Let me now ask what circumstance there is in the constitution of the House of Representatives that violates the principles of republican government, or favors the elevation of the few on the ruins of the many? Let me ask whether every circumstance is not, on the contrary, strictly conformable to these principles, and scrupulously impartial to the rights and pretensions of every class and description of citizens?
Who are to be the electors of the federal representatives? Not the rich, more than the poor; not the learned, more than the ignorant; not the haughty heirs of distinguished names, more than the humble sons of obscure and unpropitious fortune. The electors are to be the great body of the people of the United States. They are to be the same who exercise the right in every State of electing the corresponding branch of the legislature of the State.

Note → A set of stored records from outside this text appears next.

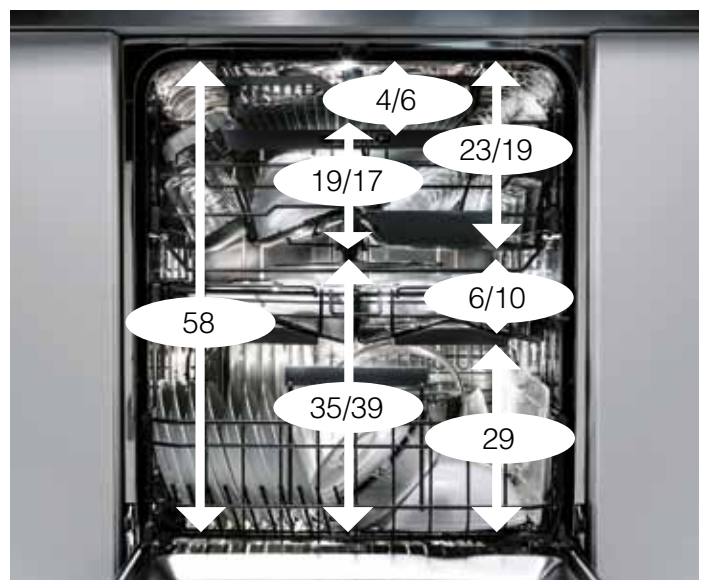

XXL - Ekstra stor kapacitet

I XXL modellerne med topkurv og midterkurv er der plads til hele 18 kopper. Den interne højde er på 58 cm og med den højdejusterbare overkurv kan der varieres på højden mellem 17 og 23 cm. Fyldningshøjden på midterkurven og underkurven vil ændre sig derefter. Top- og/eller midterkurven kan eventuelt fjernes for ekstra højde i over- og underkurven.
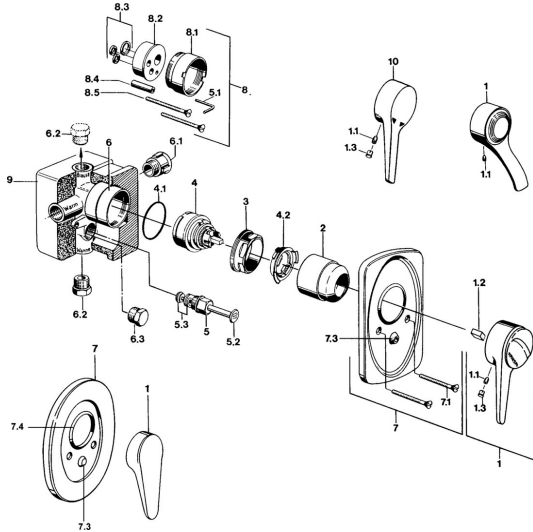

EAN: 4015474596870
static.hansa.com/01000100

Ersatzteile

SP01000100

	Name	Art.-Nr.
1	Hebel, (-2004) Chrom	59901882
1.1	Schraube, M5x8, SW2.5	59904755
1.2	Kunststoffadapter	59904778
1.3	Blindstopfen, hot/cold	59906705
2	Abdeckkappe Chrom	59904820
3	Ringschraube, M50x1, SW45	59904775
4	Kartusche, 4.8 eco	59904601
4.1	O-Ring, 50.52x1.78	59906841
4.2	Warmwasser Begrenzer	59904759
5	Umsteller, automatisch Chrom	59910900
5.2	Druckknopf Chrom	59904828
5.3	Dichtungskit	59904791
6.2	Blindstopfen, G1/2	59905013
6.3	Blindstopfen Ausgelaufen	59905012
7.1	Schraube, M5x65 Chrom	59904847
8	Verlängerungssatz, 20 mm	59904983
8.3	Dichtungskit	59904850
8.5	Schraube, M5x85 Ausgelaufen	59905345
9	Installation box Ausgelaufen	59904857
10	Hebel	59901886
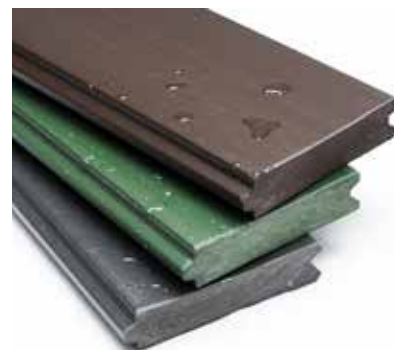

Polyfiber "PlastPlank"

Produktliste pr. 15.03.17

Dimensjon mm	Produkt Massiv
138x32 138x38	Plank m/ not & fjær Plank m/ not & fjær
138x32	Rillet plank m/ not for festeklips
140x50 95x50	Plank, drager/ bjelke Plank, drager/ bjelke
95x32 95x20	Plank, bjelke/ tilfarer Plank, bjelke/ tilfarer
70x20	Plank, kledning

Plank m/ not & fjær

Rillet plank m/ not for festeklips

FARGER

Standard farge: Grå

Kan også skaffes i fargene: Sort, Brun og Grønn

Grønn farge har en merkostnad på 15%

Alle produktene er ekstrudert av 100% resirkulert plast
(PELD/ HD fra innsamlet emballasje)

Who are to be the objects of popular choice? Every citizen whose merit may recommend him to the esteem and confidence of his country. No qualification of wealth, of birth, of religious faith, or of civil profession is permitted to fetter the judgment or disappoint the inclination of the people.

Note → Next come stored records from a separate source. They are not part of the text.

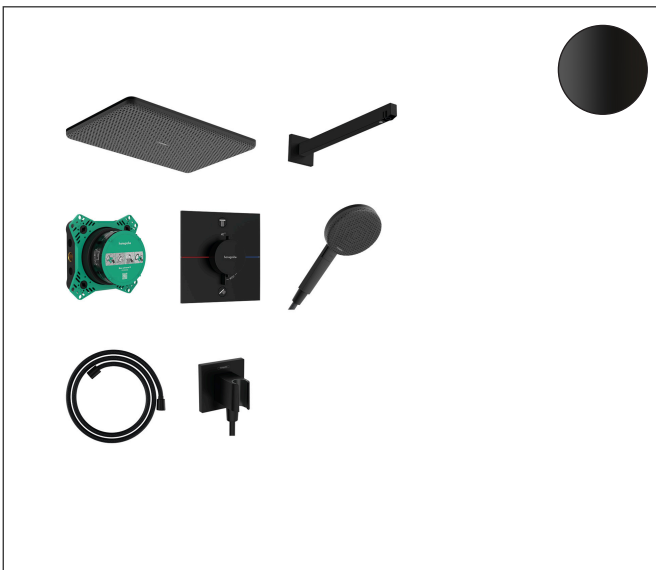

Merk	hansgrohe
Artikelnaam	<b>Raindance Alive Q</b> Design doucheset 210/340 1jet met thermostaat en inbouwdeel iBox universal 2
Art.nr.	24620670
Oppervlakte	mat zwart
Netto prijs	2.309,04 EUR

## Product foto

## Kenmerken

- bestaat uit: hoofddouche, douchearm, handdouche, wanduitlaat met douchehouder, textiel doucheslang, douchethermostaat, inbouwdeel
- straalplaatoppervlak: 214 x 343 mm
- lengte douchearm: 390 mm
- straalsoort hoofddouche: RainAir of PowderRain
- Schakelaar straalsoort: RainAir (vooraf ingesteld), wijziging naar PowderRain kan bij de montage worden geselecteerd of later eenvoudig worden gewijzigd
- doorstroomhoeveelheid PowderRain-straal bij 3 bar: 11 l/min
- materiaal straalplaat hoofddouche: geanodiseerd aluminium
- straalsoort handdouche: RainAir volle zachte regenstraal, PowderRain, massagestraal
- doorstroomregelaar: 12 l/min (met mogelijke toleranties  $\pm 10\%$ )
- minimale bedrijfsdruk: 1 bar
- maximale bedrijfsdruk: 10 bar
- QuickClean: Kalkaanslag kun je eenvoudig met je vinger verwijderen
- gelijktijdig gebruik van verschillende functies
- comfortabel in-/uitschakelen van douches met grote Select-knop
- designafdekking is eenvoudig zonder gereedschap afneembaar voor reiniging
- oppervlak designafdekking: grafiet

## Straalsoorten

Merk hansgrohe  
 Artikelnaam **Raindance Alive Q** Design doucheset 210/340 1jet met thermostaat en inbouwdeel iBox universal 2  
 Art.nr. 24620670  
 Oppervlakte mat zwart  
 Netto prijs 2.309,04 EUR
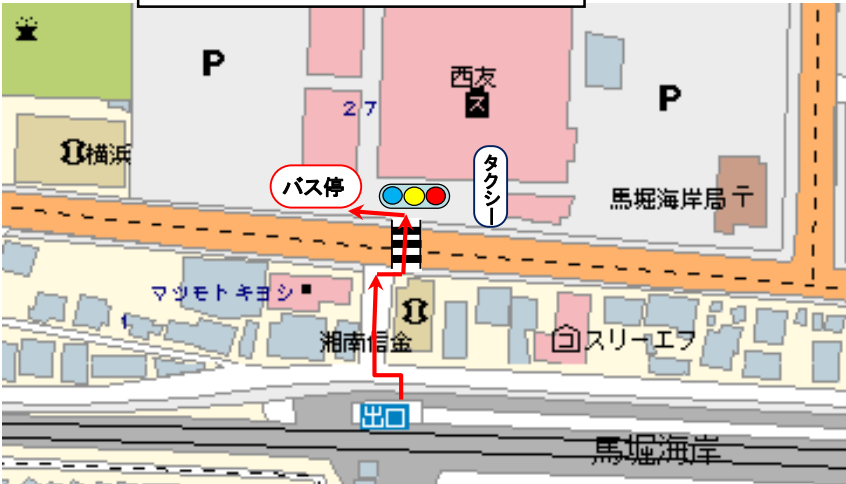

バス停案内図

京浜急行馬堀海岸駅

JR横須賀駅

京急バス バス停 横須賀駅
(防衛大学校行き(須22)
3番のりば)

研究大会会場案内図
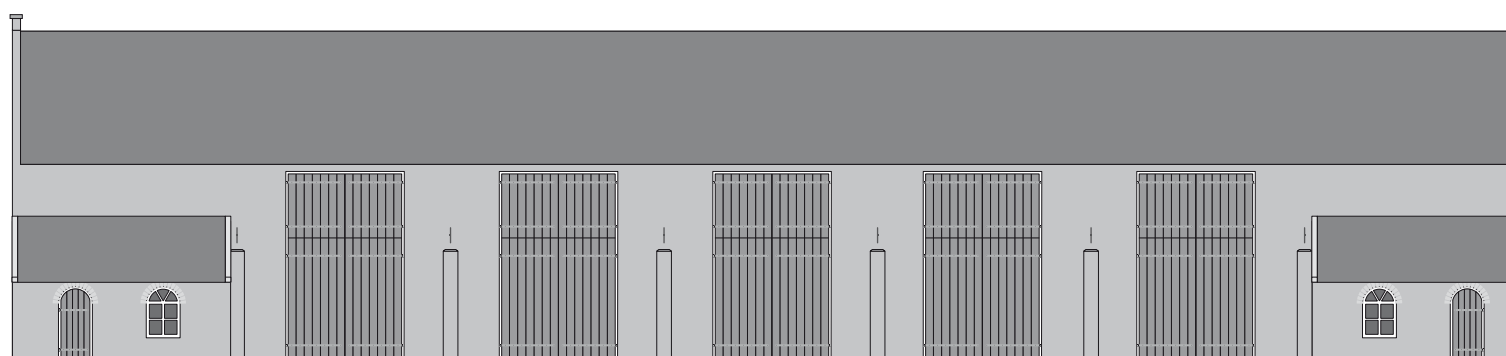

15 augustus 2009 - Het voormalige koetshuis van Maatschappij Helenaveen 1875
Interpretatietekening, gemaakt door André Vervuurt aan de hand van alle tot nu toe beschikbare gegevens.

Noordgevel

Westgevel

Zuidgevel

Oostgevel

Kapconstructie noord- en zuidgevel

Kapconstructie west- en oostgevel

Plattegrond

If we consider the situation of the men on whom the free suffrages of their fellow-citizens may confer the representative trust, we shall find it involving every security which can be devised or desired for their fidelity to their constituents.
In the first place, as they will have been distinguished by the preference of their fellow-citizens, we are to presume that in general they will be somewhat distinguished also by those qualities which entitle them to it, and which promise a sincere and scrupulous regard to the nature of their engagements.
In the second place, they will enter into the public service under circumstances which cannot fail to produce a temporary affection at least to their constituents. There is in every breast a sensibility to marks of honor, of favor, of esteem, and of confidence, which, apart from all considerations of interests, is some pledge for grateful and benevolent returns. Ingratitude is a common topic of declamation against human nature; and it must be confessed that instances of it are but too frequent and flagrant, both in public and in private life. But the universal and extreme indignation which it inspires is itself a proof of the energy and prevalence of the contrary sentiment.
In the third place, those ties which bind the representative to his constituents are strengthened by motives of a more selfish nature. His pride and vanity attach him to a form of government which favors his pretensions and gives him a share in its honors and distinctions. Whatever hopes or projects might be entertained by a few aspiring characters, it must generally happen that a great proportion of the men deriving their advancement from their influence with the people would have more to hope from a preservation of the favor than from innovations in the government subversive of the authority of the people.
All these securities, however, would be found very insufficient without the restraint of frequent elections. Hence, in the fourth place, the House of Representatives is so constituted as to support in the members an habitual recollection of their dependence on the people. Before the sentiments impressed on their minds by the mode of their elevation can be effaced by the exercise of power, they will be compelled to anticipate the moment when their power is to cease, when their exercise of it is to be reviewed, and when they must descend to the level from which they were raised; there forever to remain unless a faithful discharge of their trust shall have established their title to a renewal of it.